Role of sex as a biological variable in neonatal alveolar macrophages.

机构信息

Department of Pediatrics, Division of Neonatology, Children's Hospital of Philadelphia, University of Pennsylvania, PA, USA.

Department of Pediatrics, Division of Pediatric Pulmonology, University of Washington School of Medicine, Seattle Children's Hospital, WA, USA.

出版信息

Redox Biol. 2024 Sep;75:103296. doi: 10.1016/j.redox.2024.103296. Epub 2024 Aug 2.

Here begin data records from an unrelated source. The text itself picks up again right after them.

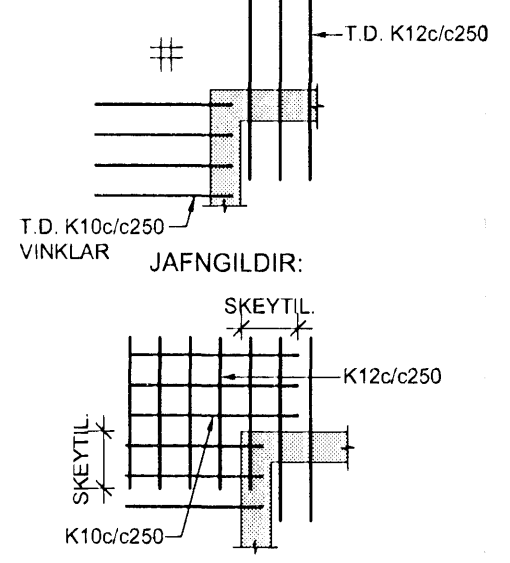

HÚS 19b - PLATA YFIR 4. HÆÐ (ÞAKVIRKI) - 1:50

SKÝRINGAR:

- ÖLL MÁL ERU Í MILLIMETURM. ALLIR KÓTAR ERU Í METRUM
- ALLA VEGGI SKAL BENDA MED K10c/c250 LÖÐRÉTT OG K10c/c150 LÁRÉTT NEMA ANNAD SÉ SÉRSTAKLEGA TILGREINT - SJÁ ALMENN SNID FYRIR VEGGBENDINGU Í KRINGUM OP OG Á SAMSKYPTUM
- ÞAR SEM PLÖTUBENDING ER SÝND Í KRINGUM OP, SVALIR ÖÐ.H SKAL JÄRN ÁVALT GANGA SKEYTILENG FRAM YFIR, NEMA ANNAD SÉ TILGREINT.
- Í KRINGUM GÓT Í PLÖTUM SKAL ALMENNT EKKI SKERÐA JÄRNABENDINGU, ÞÁ SKAL JÄRNUM SAMAN Í KRINGUM GÓT (LEYFILEGT AD STEKKA ÞVERMÁL Á JAFN T.D. 1K16 JAFNGILDIR 2.5 K10)
- ÞAR SEM PLÖTUBENDING ER SÝND YFIR VEGGJUM SKAL HÖN ALMENNT VERA MIÐJUSETT YFIR VEGG NEMA ANNAD SÉ TILGREINT.
- ALMENNT ERU ALLAR PLÖTUR 285mm KÚLUPLÖTU Í ÞÚÐUM OG 455mm KÚLUPLÖTUR YFIR BLAÐEYMSLU NEMA ANNAD SÉ SÉRSTAKLEGA TILGREINT
- ALLAR SVALIR ERU FORSTEYPTAR

TÁKN:

- GAT Í VEGG EÐA PLÖTU
- 200mm DJÚPT ÚRTAK Í EFRI BRÚN Á PLÖTU
- ÖSAMFELLDUR VEGGUR Á HÆÐinni FYRIR OFAN

- TÁKNAR SKEYTINGU Í NEÐRI BRÚN Á MILLI KÚLUPLATNA SJÁ TOFLU
- K10c/c250 L=1000
- K16c/c250 L=1200
- K20c/c250 L=1500
- BENDINGU Í EFRI BRÚN SKAL SKEYTA MED K10c/c375 L=1000 NEMA ANNAD SÉ TILGREINT
- TÁKNAR JÄRNAMOTTU Á INNHORNUM MED SAMSKONAR JÄRNUM OG YFIR ÁSETUM VIÐ HORN

DOI:10.1016/j.redox.2024.103296
PMID:39098263
原文链接:https://pmc.ncbi.nlm.nih.gov/articles/PMC11345582/
Abstract

The lung macrophages play a crucial role in health and disease. Sexual dimorphism significantly impacts the phenotype and function of tissue-resident macrophages. The primary mechanisms responsible for sexually dimorphic outcomes in bronchopulmonary dysplasia (BPD) remain unidentified. We tested the hypothesis that biological sex plays a crucial role in the transcriptional state of alveolar macrophages, using neonatal murine hyperoxia-induced lung injury as a relevant model for human BPD. The effects of neonatal hyperoxia exposure (95 % FiO, PND1-5: saccular stage) on the lung myeloid cells acutely after injury and during normoxic recovery were measured. Alveolar macrophages (AM) from room air- and hyperoxia exposed from male and female neonatal murine lungs were subjected to bulk-RNA Sequencing. AMs are significantly depleted in the hyperoxia-exposed lung acutely after injury, with subsequent recovery in both sexes. The transcriptome of the alveolar macrophages is impacted by neonatal hyperoxia exposure and by sex as a biological variable. Pathways related to DNA damage and interferon-signaling were positively enriched in female AMs. Metabolic pathways related to glucose and carbohydrate metabolism were positively enriched in the male AMs, while oxidative phosphorylation was negatively enriched. These pathways were shared with monocytes and airway macrophages from intubated male and female human premature neonates.

摘要

肺巨噬细胞在健康和疾病中起着至关重要的作用。性别二态性显著影响组织驻留巨噬细胞的表型和功能。导致支气管肺发育不良(BPD)性别二态性结果的主要机制仍未确定。我们通过使用新生鼠高氧诱导的肺损伤作为人类 BPD 的相关模型,检验了生物学性别在肺泡巨噬细胞转录状态中起关键作用的假设。检测了新生鼠高氧暴露(95%FiO,PND1-5:囊泡期)对损伤后急性和正常氧恢复期间肺髓系细胞的影响。对来自雄性和雌性新生鼠暴露于空气和高氧的肺中的肺泡巨噬细胞(AM)进行了批量 RNA 测序。损伤后急性高氧暴露的肺中 AM 明显耗竭,随后在两性中均恢复。肺泡巨噬细胞的转录组受新生鼠高氧暴露和生物学变量性别影响。与 DNA 损伤和干扰素信号相关的途径在雌性 AM 中呈正富集。与葡萄糖和碳水化合物代谢相关的代谢途径在雄性 AM 中呈正富集,而氧化磷酸化呈负富集。这些途径与从气管插管的男性和女性早产儿分离的单核细胞和气道巨噬细胞共享。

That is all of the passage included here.